**HOW TO COMPLETE THIS TASK:** Retype every line from the start of the data down to and including the line with "- To obtain". Skip the pictures.

[Excerpts from a dataset]
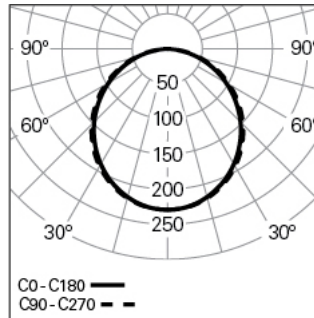

**CONCEPT LINEA 35 /E L2810 DALI 830 N MID/END**  
ARCHITECTURAL LIGHTING

**90709L020HN0398**

**Light distribution**

L=2810mm

**PRODUCT DESCRIPTION**

**Application Areas:** Architectural, Offices, Hotels and residential, Public spaces, Retail, Art and Culture, Education, Health and care  
**Mounting Type:** Recessed  
**Control Gear Included:** Yes  
**Control Gear:** LED driver 220-240VAC-50/60Hz

**CONCEPT LINEA 35 /E L2810 DALI 830 N MID/END**

**CHARACTERISTICS**

**Luminaire Type:** Straight line luminaire  
**Luminaire Module:** Middle / End (MID/END)  
**Insulation Class:** I  
**Ingress Protection (IP):** 40  
**Ambient Temperature Range (°C):** ]-5, 25[  
**Fixing System:** Brackets  
**Ceiling Thickness (mm):** 1-25  
**Warranty (Years):** 5  
**Current Supply Cable Entry Point:** Back

**DIMENSIONS**

**L - Length (mm):** 2810  
**W - Width (mm):** 58  
**H - Height (mm):** 99.5

**NOTES**

- To complete the product it is necessary to order the bFLEX diffuser and the start kit. Please order separately;
- To complete the product it is necessary to order the bFLEX diffuser, start kit and body connector kit. Please order separately;
- Dimensions do not include the start kit. Add 6 mm to the recessing length to complete the line;
- To obtain the cutting dimensions, see the instruction manual attached to the product or on our website;
- The noise level is 20 dB, lower than the typical ambient sound levels recorded in environments such as libraries and reading rooms.

**ANSWER SPACE:**
**CONCEPT LINEA 35 /E L2810 DALI 830 N MID/END**  
ARCHITECTURAL LIGHTING

**90709L020HN0398**

**Light distribution**

L=2810mm

**PRODUCT DESCRIPTION**

**Application Areas:** Architectural, Offices, Hotels and residential, Public spaces, Retail, Art and Culture, Education, Health and care  
**Mounting Type:** Recessed  
**Control Gear Included:** Yes  
**Control Gear:** LED driver 220-240VAC-50/60Hz

**CONCEPT LINEA 35 /E L2810 DALI 830 N MID/END**

**CHARACTERISTICS**

**Luminaire Type:** Straight line luminaire  
**Luminaire Module:** Middle / End (MID/END)  
**Insulation Class:** I  
**Ingress Protection (IP):** 40  
**Ambient Temperature Range (°C):** ]-5, 25[  
**Fixing System:** Brackets  
**Ceiling Thickness (mm):** 1-25  
**Warranty (Years):** 5  
**Current Supply Cable Entry Point:** Back

**DIMENSIONS**

**L - Length (mm):** 2810  
**W - Width (mm):** 58  
**H - Height (mm):** 99.5

**NOTES**

- To complete the product it is necessary to order the bFLEX diffuser and the start kit. Please order separately;
- To complete the product it is necessary to order the bFLEX diffuser, start kit and body connector kit. Please order separately;
- Dimensions do not include the start kit. Add 6 mm to the recessing length to complete the line;
- To obtain the cutting dimensions, see the instruction manual attached to the product or on our website;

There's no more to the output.